WHAT IS REQUIRED:
Transcribe the data that follows without changing a word, and omit the pictures.

Records contained in a dataset:

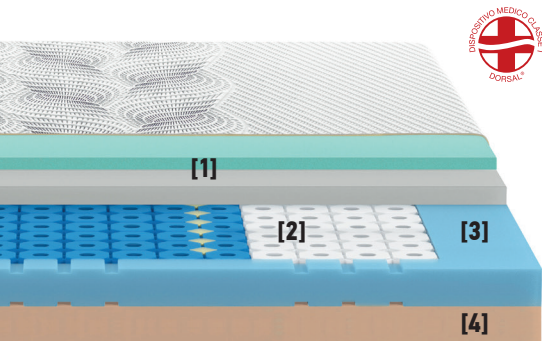

ZEFIRO MOUSSE

Il materasso adesso respira

Zefiro Mousse: lasciate ispirare dal benessere. Un'esperienza di riposo unica che nasce dall'unione di materiali eccellenti, naturali e tecnologici.

CARATTERISTICHE MATERASSO

- Strato automodellante in Natur Memory Mousse 7 cm **[1]**
- Sistema combinato di aerazione Tubes® a portanza differenziata **[2]**
- Fascia perimetrale ad alta reattività 8 cm **[3]**
- Strato inferiore in Grand Soleil Trio Cell® medio 8,5 cm **[4]**
- Altezza totale del materasso 24 cm

I PUNTI DI FORZA DI ZEFIRO MOUSSE

Altamente traspirante e confortevole, realizzato con l'esclusiva tecnologia Tubes®, Zefiro è un efficace sistema di aerazione brevettato, capace di deviare l'umidità in eccesso e mantenere il totale riciclo dell'aria al suo interno. Lo strato automodellante in Natur Memory Mousse presente nello strato superiore, si adatta velocemente al corpo e lo asseconda con facilità durante gli spostamenti notturni.

Naturale e tecnologico, realizzato con materie prime provenienti da risorse rinnovabili, Zefiro bandisce il metallo dal materasso e libera il corpo dall'elettricità statica. La tecnologia Tubes®, cuore di Zefiro, reagisce agli spostamenti notturni, assecondando il corpo in qualsiasi posizione.

Durevole e performante. L'elasticità e l'indeformabilità degli elementi Tubes® sviluppano una perfetta contropressione che impedisce al corpo di affossarsi e di assumere cattive posizioni.

Igienicamente perfetto, l'alta traspirazione del materasso evita il formarsi di un ambiente favorevole a batteri e agenti

allergenici. Di semplice manutenzione, è facile da sfoderare e lavare anche in casa per un'igiene totale.

COMFORT : medio-accogliente

IL RIVESTIMENTO – Tencel® ZF 10

Il Rivestimento di Zefiro Mousse, contemporaneo ed elegante, è il risultato della scelta di un tessuto dalle caratteristiche uniche di morbidezza e adattabilità al materasso.

- Tessuto in pregiato Tencel®
- Filato in alta grammatura, 420 gr/m² per lato
- Lato inferiore in tessuto antiscivolo
- Sfoderabile con cerniera sui 4 lati
- Lavabile in lavatrice a 30°

SISTEMA LETTO CONSIGLIATO

Zefiro enfatizza le sue caratteristiche in abbinamento ai supporti anatomici: XPoint 400 e 300, Human Balance e Active, Superego.

Ideale per tutte le reti a motore Dorsal.

YOUR SOLUTION:
ZEFIRO MOUSSE

Il materasso adesso respira

Zefiro Mousse: lasciate ispirare dal benessere. Un'esperienza di riposo unica che nasce dall'unione di materiali eccellenti, naturali e tecnologici.

CARATTERISTICHE MATERASSO

- Strato automodellante in Natur Memory Mousse 7 cm **[1]**
- Sistema combinato di aerazione Tubes® a portanza differenziata **[2]**
- Fascia perimetrale ad alta reattività 8 cm **[3]**
- Strato inferiore in Grand Soleil Trio Cell® medio 8,5 cm **[4]**
- Altezza totale del materasso 24 cm

I PUNTI DI FORZA DI ZEFIRO MOUSSE

Altamente traspirante e confortevole, realizzato con l'esclusiva tecnologia Tubes®, Zefiro è un efficace sistema di aerazione brevettato, capace di deviare l'umidità in eccesso e mantenere il totale riciclo dell'aria al suo interno. Lo strato automodellante in Natur Memory Mousse presente nello strato superiore, si adatta velocemente al corpo e lo asseconda con facilità durante gli spostamenti notturni.

Naturale e tecnologico, realizzato con materie prime provenienti da risorse rinnovabili, Zefiro bandisce il metallo dal materasso e libera il corpo dall'elettricità statica. La tecnologia Tubes®, cuore di Zefiro, reagisce agli spostamenti notturni, assecondando il corpo in qualsiasi posizione.

Durevole e performante. L'elasticità e l'indeformabilità degli elementi Tubes® sviluppano una perfetta contropressione che impedisce al corpo di affossarsi e di assumere cattive posizioni.

Igienicamente perfetto, l'alta traspirazione del materasso evita il formarsi di un ambiente favorevole a batteri e agenti

allergenici. Di semplice manutenzione, è facile da sfoderare e lavare anche in casa per un'igiene totale.

COMFORT : medio-accogliente

IL RIVESTIMENTO – Tencel® ZF 10

Il Rivestimento di Zefiro Mousse, contemporaneo ed elegante, è il risultato della scelta di un tessuto dalle caratteristiche uniche di morbidezza e adattabilità al materasso.

- Tessuto in pregiato Tencel®
- Filato in alta grammatura, 420 gr/m² per lato
- Lato inferiore in tessuto antiscivolo
- Sfoderabile con cerniera sui 4 lati
- Lavabile in lavatrice a 30°

SISTEMA LETTO CONSIGLIATO

Zefiro enfatizza le sue caratteristiche in abbinamento ai supporti anatomici: XPoint 400 e 300, Human Balance e Active, Superego.

Ideale per tutte le reti a motore Dorsal.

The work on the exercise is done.